Just how much has the bowl system changed over the years? Only six major bowl games existed by the end of World War II–Rose, Cotton, Orange, Sugar, Sun, and Gator–and that number didn’t grow significantly over the ensuing decades. By the end of the 1960s, only nine major bowl games existed (the original six plus Bluebonnet, Liberty, and Peach), with eighteen major teams playing. It meant that several Top 20 teams did not play in bowl games. In 1969-70, for example, five Top 20 teams with a combined record of 40-7-2 did not participate in postseason play.
That outcome is unimaginable today. How so?
The 2022-23 college football postseason included forty-three bowl games with over eighty teams playing, and more than a few teams received bowl bids after completing six-win/six-loss seasons. A number of those teams lost bowl games this year, which means they ended the year with sub-.500 records. Eleven teams fit that category, finishing the 2022 season with 6-7 records–Connecticut, Miami (OH), Florida, Baylor, Louisiana, Missouri, Bowling Green, Georgia Southern, Utah State, Kansas, and Oklahoma. A twelfth bowl participant, Rice, finished the year with an astonishing 5-8 record.
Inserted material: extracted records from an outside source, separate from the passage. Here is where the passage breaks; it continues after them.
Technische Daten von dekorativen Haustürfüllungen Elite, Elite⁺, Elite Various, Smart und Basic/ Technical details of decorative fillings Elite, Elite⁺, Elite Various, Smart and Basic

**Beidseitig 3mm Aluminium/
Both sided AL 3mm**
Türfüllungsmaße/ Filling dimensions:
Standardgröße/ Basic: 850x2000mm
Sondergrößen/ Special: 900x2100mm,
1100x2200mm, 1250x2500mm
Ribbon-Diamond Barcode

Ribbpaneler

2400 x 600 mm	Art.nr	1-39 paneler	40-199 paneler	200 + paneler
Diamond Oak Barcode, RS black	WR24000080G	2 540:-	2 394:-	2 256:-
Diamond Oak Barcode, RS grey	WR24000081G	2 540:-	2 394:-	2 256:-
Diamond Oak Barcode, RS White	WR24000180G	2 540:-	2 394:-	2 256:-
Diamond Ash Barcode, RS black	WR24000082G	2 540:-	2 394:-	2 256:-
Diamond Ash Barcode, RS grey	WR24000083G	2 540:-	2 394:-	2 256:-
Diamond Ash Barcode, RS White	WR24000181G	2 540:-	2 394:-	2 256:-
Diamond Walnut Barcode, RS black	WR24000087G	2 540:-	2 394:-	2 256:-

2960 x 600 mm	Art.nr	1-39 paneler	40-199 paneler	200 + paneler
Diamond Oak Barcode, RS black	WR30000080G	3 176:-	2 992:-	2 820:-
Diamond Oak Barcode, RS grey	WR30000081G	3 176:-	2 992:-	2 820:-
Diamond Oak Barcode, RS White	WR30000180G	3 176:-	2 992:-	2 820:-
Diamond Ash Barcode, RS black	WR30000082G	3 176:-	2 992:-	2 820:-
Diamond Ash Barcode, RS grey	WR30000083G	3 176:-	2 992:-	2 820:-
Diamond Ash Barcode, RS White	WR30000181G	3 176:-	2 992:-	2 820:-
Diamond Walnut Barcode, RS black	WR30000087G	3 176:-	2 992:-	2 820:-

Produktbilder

Bottom line? The bowl system has changed dramatically in quantity and quality over the years—not by a little, but by a lot. What happened? There are two reasons. One is sociological, the other a matter of economics, and the two are connected. Sociologists have written extensively about a dynamic called goal displacement. That happens when an original objective or mission is displaced in favor of something different. In this case, college football displaced the goal of rewarding a few teams for excellence with (and this is where the economics comes in) … drumroll, please … turning the system into a big-money industry.
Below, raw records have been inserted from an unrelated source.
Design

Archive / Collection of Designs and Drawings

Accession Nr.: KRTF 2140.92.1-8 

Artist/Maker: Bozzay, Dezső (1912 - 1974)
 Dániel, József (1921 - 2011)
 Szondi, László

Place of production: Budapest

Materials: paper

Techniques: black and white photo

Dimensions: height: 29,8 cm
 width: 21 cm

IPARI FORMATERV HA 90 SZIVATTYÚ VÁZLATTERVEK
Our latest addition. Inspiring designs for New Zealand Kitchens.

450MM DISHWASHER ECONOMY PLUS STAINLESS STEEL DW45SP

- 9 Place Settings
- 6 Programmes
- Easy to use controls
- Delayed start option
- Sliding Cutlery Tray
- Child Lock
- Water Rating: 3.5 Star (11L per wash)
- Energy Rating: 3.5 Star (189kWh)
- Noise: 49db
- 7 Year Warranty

Today’s bowl system is brought to us by ESPN (the king of the bowls) and a slew of corporate sponsors, including Duke’s Mayonnaise, Barstool Sports, Duluth Trading, Tony the Tiger/Kellogg’s, Union Home Mortgage, SERVEPRO, and Quick Lane. Jimmy Kimmel even has a bowl sponsored by Stifel (whatever that is). The system exists today because of the intersection of the networks needing sports content, corporate sponsors willing to put cash on the line, getting all-in buy-in from local businesses that benefit from bowl week business, viewers (us) willing to eyeball games, and universities and conferences needing bowl payouts. Sports betting companies are another ingredient in the mix, and we’ll get to that later.
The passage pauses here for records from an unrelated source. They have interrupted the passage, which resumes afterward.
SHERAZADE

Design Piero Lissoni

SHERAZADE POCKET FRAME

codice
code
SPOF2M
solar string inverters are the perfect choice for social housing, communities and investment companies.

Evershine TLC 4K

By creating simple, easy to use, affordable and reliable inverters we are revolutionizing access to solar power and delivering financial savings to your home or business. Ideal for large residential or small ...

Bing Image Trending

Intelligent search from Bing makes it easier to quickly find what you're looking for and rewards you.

What’s interesting is that sustaining the industry does not require large numbers of fans to attend games. That’s because the industry is a media creation. It requires America’s insatiable national appetite for college football (check) … with consumers (fans) willing to watch teams they do not generally follow (check) … and who aren’t turned off by “uneven” quality of play (check). So gobs of fans watch Eastern Michigan vs. San Jose State, Western Kentucky vs. South Alabama, and Ohio U. v. Wyoming. We get our fix because it’s still football, after all.
Is America so football-mad that fans will continue watching mediocre teams play in bowl games that don’t have a lot of meaning? I don’t think there’s any question that the answer is yes. One reason has nothing to do with the quality of play. Instead, it’s about the emergence and expansion of the college sports betting industry. The ease of placing bets–and the constant search for games to bet on–compels interest in games that otherwise wouldn’t garner much interest. Indeed, an increasing number of universities are forming partnerships with betting platforms and encouraging their fans (including students) to download and place bets using a promoted sports betting service.
College football bowl access was overly restrictive decades ago, and today it has morphed in the opposite direction. Neither option serves college football well, but given how markets rule the world, don’t expect significant change anytime soon. Where there is a market, there is a way.